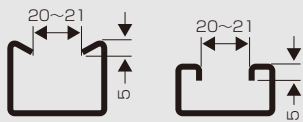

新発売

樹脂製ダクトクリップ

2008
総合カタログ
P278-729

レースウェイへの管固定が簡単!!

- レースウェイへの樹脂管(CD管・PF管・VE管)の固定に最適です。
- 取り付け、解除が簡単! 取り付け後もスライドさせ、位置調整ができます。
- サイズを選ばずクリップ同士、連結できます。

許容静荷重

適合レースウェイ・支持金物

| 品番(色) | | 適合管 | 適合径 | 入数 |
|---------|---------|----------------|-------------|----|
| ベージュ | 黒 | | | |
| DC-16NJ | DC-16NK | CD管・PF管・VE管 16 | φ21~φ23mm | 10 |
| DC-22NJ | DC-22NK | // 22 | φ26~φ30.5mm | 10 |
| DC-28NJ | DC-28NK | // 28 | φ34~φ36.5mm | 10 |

______

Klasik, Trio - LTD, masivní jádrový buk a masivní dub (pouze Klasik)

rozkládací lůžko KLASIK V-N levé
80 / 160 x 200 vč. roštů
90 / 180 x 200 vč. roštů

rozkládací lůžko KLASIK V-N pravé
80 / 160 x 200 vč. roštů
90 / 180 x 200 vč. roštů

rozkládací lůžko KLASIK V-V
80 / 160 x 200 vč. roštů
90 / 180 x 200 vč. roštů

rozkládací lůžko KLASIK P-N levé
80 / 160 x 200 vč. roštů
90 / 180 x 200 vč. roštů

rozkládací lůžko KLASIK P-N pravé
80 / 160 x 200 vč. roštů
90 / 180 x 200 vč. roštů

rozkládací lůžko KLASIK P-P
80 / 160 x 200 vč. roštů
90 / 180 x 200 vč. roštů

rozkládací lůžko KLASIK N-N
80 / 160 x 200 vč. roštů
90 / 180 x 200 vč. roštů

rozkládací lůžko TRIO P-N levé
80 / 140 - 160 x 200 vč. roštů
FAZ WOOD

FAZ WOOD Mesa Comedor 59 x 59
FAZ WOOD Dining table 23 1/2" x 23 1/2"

______

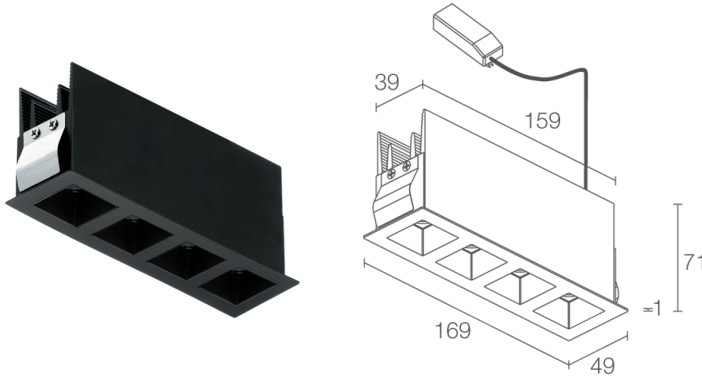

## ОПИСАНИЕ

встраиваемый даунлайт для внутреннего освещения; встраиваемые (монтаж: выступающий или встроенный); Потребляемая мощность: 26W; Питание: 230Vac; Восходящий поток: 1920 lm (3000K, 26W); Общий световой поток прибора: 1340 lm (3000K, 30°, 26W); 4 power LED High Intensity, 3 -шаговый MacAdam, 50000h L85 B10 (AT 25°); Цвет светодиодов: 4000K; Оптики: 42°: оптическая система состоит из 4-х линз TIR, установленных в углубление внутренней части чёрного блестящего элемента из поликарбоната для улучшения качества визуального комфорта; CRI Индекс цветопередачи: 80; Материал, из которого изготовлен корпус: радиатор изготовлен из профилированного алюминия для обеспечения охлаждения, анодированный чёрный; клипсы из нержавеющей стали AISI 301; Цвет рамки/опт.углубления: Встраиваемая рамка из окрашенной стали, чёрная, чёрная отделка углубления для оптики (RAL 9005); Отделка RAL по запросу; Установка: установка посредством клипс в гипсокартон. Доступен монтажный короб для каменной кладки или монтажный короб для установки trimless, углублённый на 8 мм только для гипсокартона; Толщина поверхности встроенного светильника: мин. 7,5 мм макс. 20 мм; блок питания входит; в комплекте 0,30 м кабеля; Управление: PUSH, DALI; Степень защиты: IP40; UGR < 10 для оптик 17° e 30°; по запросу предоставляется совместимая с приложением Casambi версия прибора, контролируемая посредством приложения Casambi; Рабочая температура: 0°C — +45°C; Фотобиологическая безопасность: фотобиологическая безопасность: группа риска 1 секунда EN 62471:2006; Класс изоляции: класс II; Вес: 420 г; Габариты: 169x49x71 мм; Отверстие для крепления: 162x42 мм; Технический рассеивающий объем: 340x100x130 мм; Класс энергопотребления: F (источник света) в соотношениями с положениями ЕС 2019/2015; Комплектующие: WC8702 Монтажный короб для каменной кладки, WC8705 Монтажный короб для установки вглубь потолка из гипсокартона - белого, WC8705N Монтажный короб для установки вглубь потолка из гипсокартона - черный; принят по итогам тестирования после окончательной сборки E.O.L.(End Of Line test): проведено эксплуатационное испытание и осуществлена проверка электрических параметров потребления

______

- [YOUR INSTRUCTIONS]: Look back at the entries above and repeat, unchanged, every line from the line holding "rozkládací lůžko KLASIK P-N levé" through the line holding "FAZ WOOD Dining".

- [ANSWER SECTION]:
rozkládací lůžko KLASIK P-N levé
80 / 160 x 200 vč. roštů
90 / 180 x 200 vč. roštů

rozkládací lůžko KLASIK P-N pravé
80 / 160 x 200 vč. roštů
90 / 180 x 200 vč. roštů

rozkládací lůžko KLASIK P-P
80 / 160 x 200 vč. roštů
90 / 180 x 200 vč. roštů

rozkládací lůžko KLASIK N-N
80 / 160 x 200 vč. roštů
90 / 180 x 200 vč. roštů

rozkládací lůžko TRIO P-N levé
80 / 140 - 160 x 200 vč. roštů
FAZ WOOD

FAZ WOOD Mesa Comedor 59 x 59
FAZ WOOD Dining table 23 1/2" x 23 1/2"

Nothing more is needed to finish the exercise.